Le couple Bourque-Payeur déplore également la division sociale que ce projet a amenée avec lui. «Ce n’est pas vrai que ce projet réunit les gens. On s’entendait très bien avec nos voisins et il y avait de l’entraide entre nous. Aujourd’hui, c’est fini tout ça. Ce bon voisinage ne reviendra jamais», d’ajouter M. Bourque qui, au cours des derniers mois, affirme avoir vécu des situations d’intimidation en public et à la maison en plus de subir du vandalisme et mêmes des appels harassants laissant entendre qu’on mettrait le feu à sa «cabane».
«Je serai toujours frustré que nos élus n’aient jamais tenu compte de l’aspect humain dans ce projet. Et si seulement aujourd’hui, ils pouvaient nous témoigner un peu d’égard au lieu de fuir», de terminer M. Bourque.
Une autre résidante«Ce que nous vivons aujourd’hui, nous ne souhaitons ça à personne. C’est le rêve de toute une vie qui est sacrifié» - - Yvon Bourque
Pour sa part, Brigitte Rivard est une autre résidante du secteur. Celle-ci habite avec son conjoint dans le 3e Rang Nord de Saint-Ferdinand (ex-Vianney). «Ça fait deux ans et demi que notre propriété est à vendre et nous n’avons reçu aucune offre. On y habite à temps plein depuis 2008. C’était notre projet de retraite».
Elle dit vivre l’enfer depuis le début de la construction du projet, la maison étant située à quelques mètres seulement de la route. Bien évidemment, le couple est grandement affecté par le bruit des camions et de leurs vibrations à chaque passage.
Mais ce qui la fâche plus particulièrement, c’est d’être obligé de se débattre elle aussi pour que le projet se fasse dans le respect. «Pourquoi avons-nous été obligé de faire les démarches pour qu’on applique de l’abat-poussière quand ça fait déjà partie des obligations du projet? Pourquoi devrons-nous nous débattre encore pour qu’on réduise la vitesse dans nos rangs pour notre propre sécurité et pour qu’on interdise les freins à moteur pour la réduction du bruit?», de s’interroger Mme Rivard.
«Si vous étiez à notre place, est-ce que vous vous battriez vous aussi pour votre qualité de vie. Qu’on nous montre un peu de respect même si nous ne sommes pas nombreux», soutient Mme Rivard.

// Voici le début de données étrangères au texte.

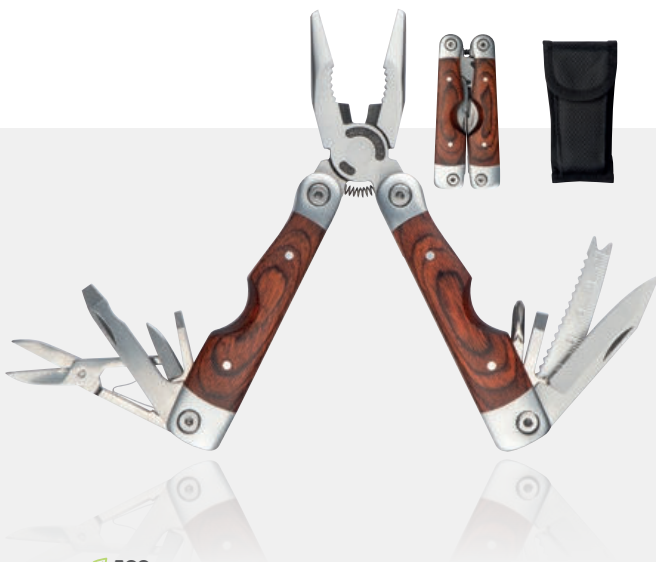

🌿 ECO

81419

Multitool

Unealtă multifuncțională – clește, cuțit, ferăstrău, foarfecă, șurubelniță etc – de înaltă calitate din oțel inoxidabil, cu mâner din lemn, totul într-o husă.

Multifunction tool, stainless steel

High-quality stainless steel multi-tool with wooden grip in a black case. We will engrave your logo onto one handle.

✂️ 7,8 x 2,7 x 16,5 cm | 📦 S2, DT, T3 | 🏠 E
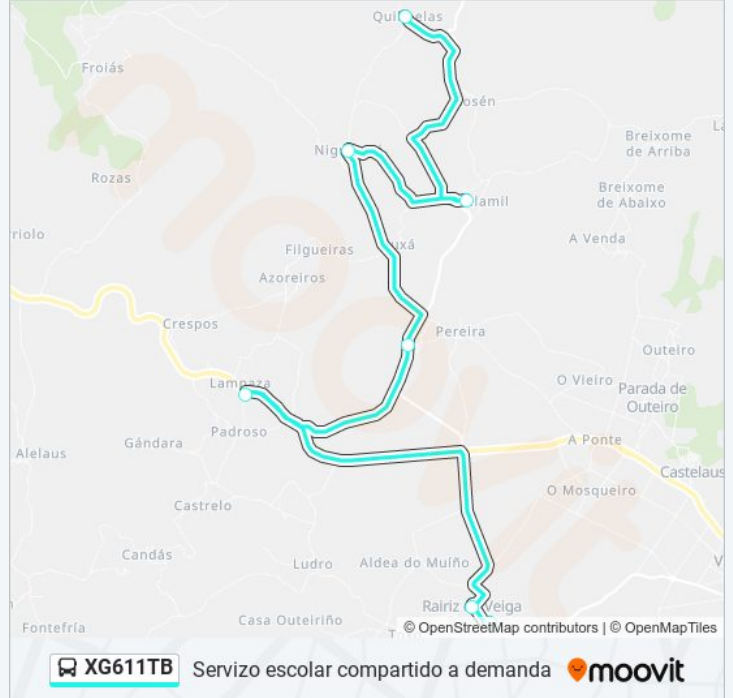

Información de la línea XG611TB de autobús

Dirección: 17: Quilmelas → Ceip Carlos Cid Arregui

Paradas: 7

Duración del viaje: 20 min

Resumen de la línea:

Sentido: 18: A Cantarilla → Sandiás

9 paradas

[VER HORARIO DE LA LÍNEA](#)
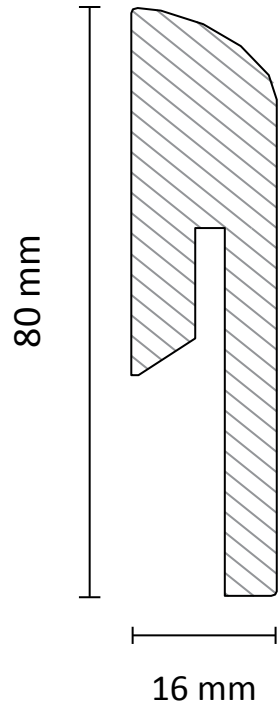

Профиль плинтуса
2800*80*16
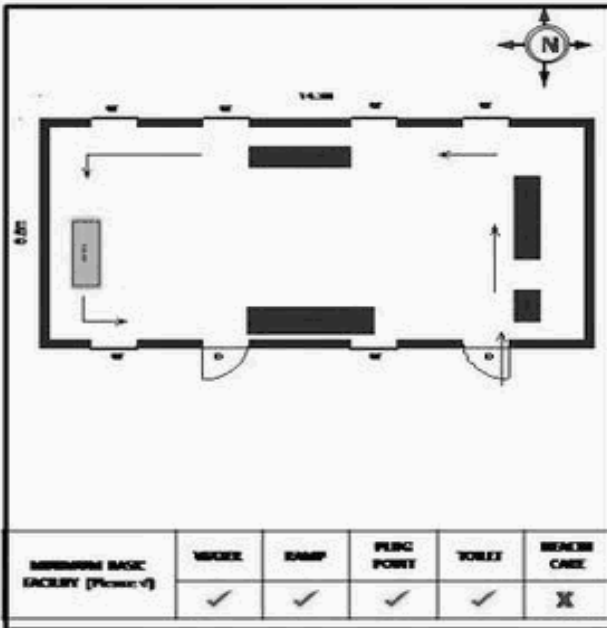

KRISHNAGIRI DISTRICT-கிருஷ்ணகிரி மாவட்டம்
056-THALI ASSEMBLY CONSTITUENCY- தலி சட்டமன்ற தொகுதி
279 - Govt High School Irudhukottai
279 - அரசு உயர்நிலைப்பள்ளி, திருவடிகோட்டை ..

56-தனி சட்டமன்ற தொகுதி

வாக்காளர் பட்டியல் - 2017

பாகம் எண் 279

தொடர்ச்சி...

பிரிவு: 1-இருதுகோட்டை (வ.கி) மற்றும் (ஊ) இருது கோட்டை வார்டு 1, பின்கோடு : 635107
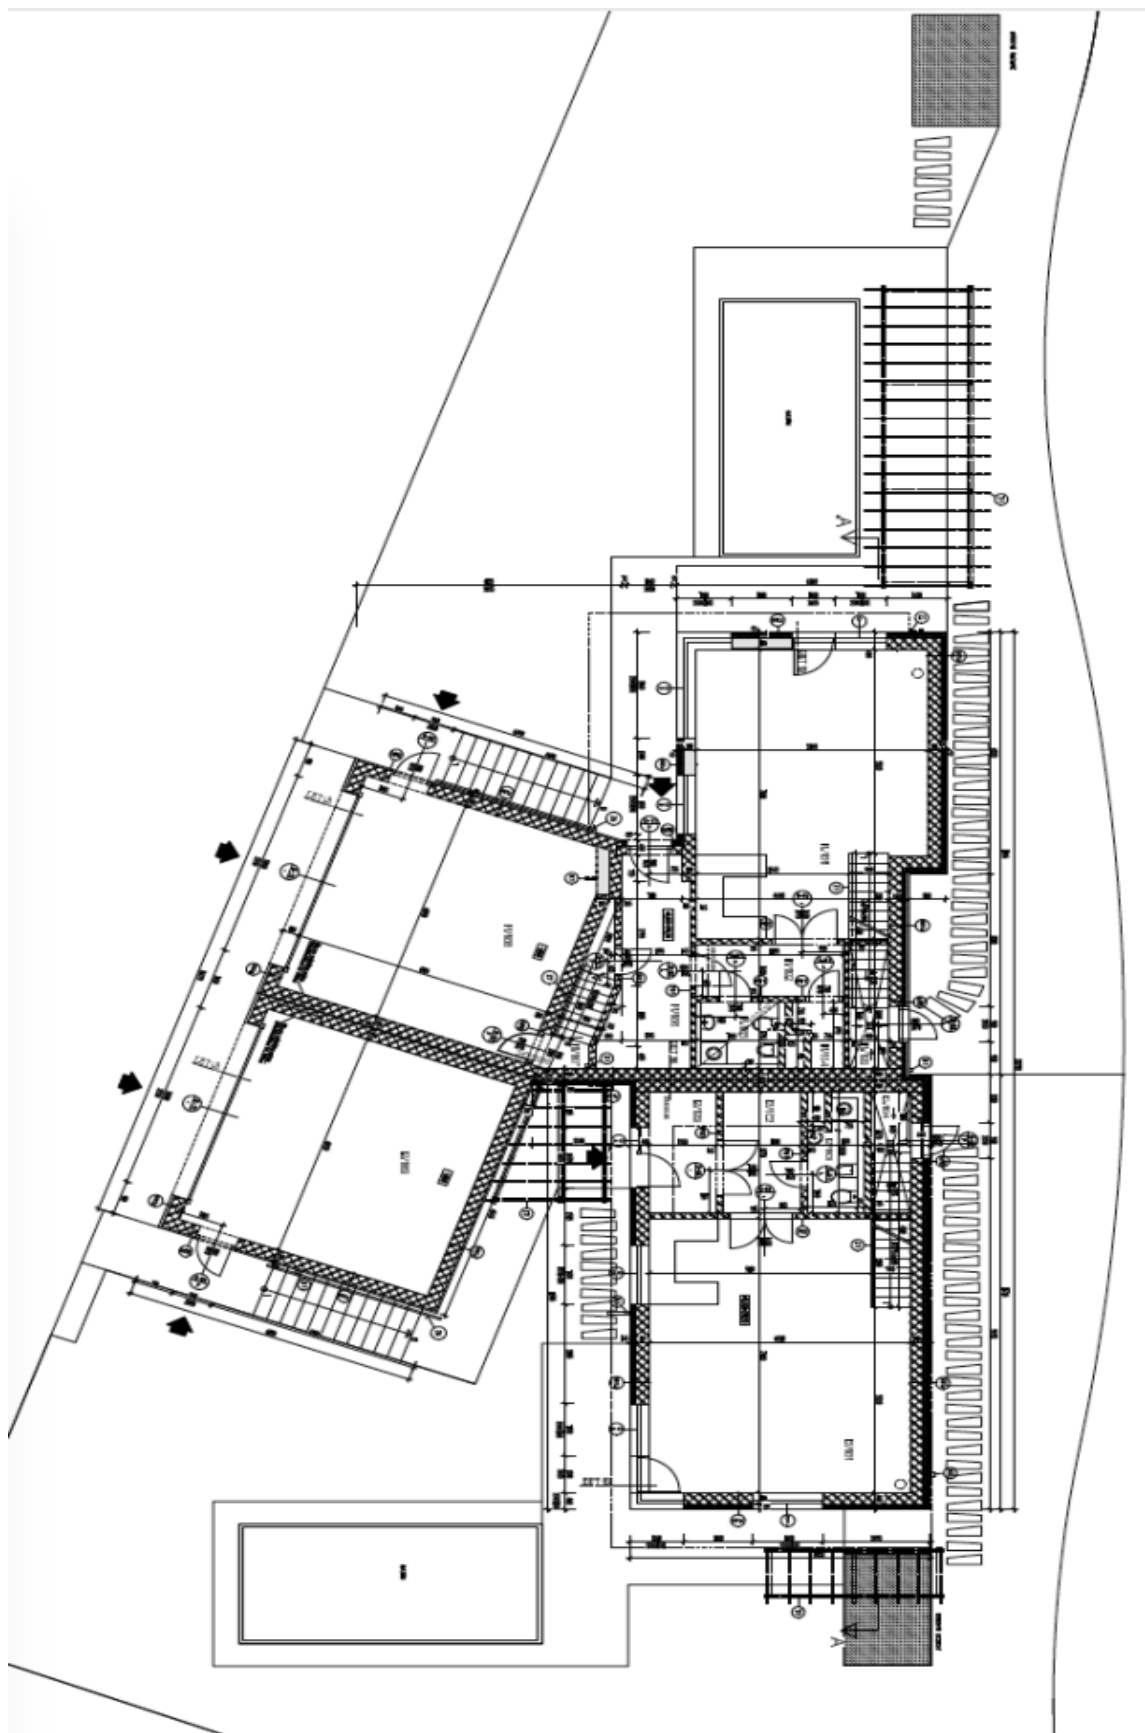

Dům nabízí 4 ložnice a 2 koupelny. V přízemí se nachází obývací pokoj s plně vybavenou kuchyní, jídelnou a přístupem na terasu a zahradu, toaleta s bidetem, šatna / prádelní komora, spíž a vstupní hala. V prvním patře jsou umístěny tři ložnice, vybavená šatna a koupelna s vanou, sprchovým koutem a toaletou. V druhém patře je hlavní ložnice s koupelnou se sprchovým koutem a toaletou a prostornou terasou s krásným výhledem na město a do okolní zeleně a dále technická komora.

Rodinný dům 5+kk

200 m², Praha 5, Smíchov, Na Císařce

Pronajato

Rodinný dům 5+kk

200 m², Praha 5, Smíchov, Na Císařce

Pronajato

Rodinný dům 5+kk

200 m², Praha 5, Smíchov, Na Císařce

Les citoyens de la région qui souhaiteraient en savoir davantage sur la lutte de résidants contre l’implantation du Parc éolien de l’Érable auront à nouveau l’occasion de visionner le documentaire des cinéastes Jean et Serge Gagné intitulé «Les pales du mal» qui sera notamment présenté le 20 février à la salle communautaire de Saint-Ferdinand et le mardi 28 février au Centre communautaire de Plessisville à compter de 19 h.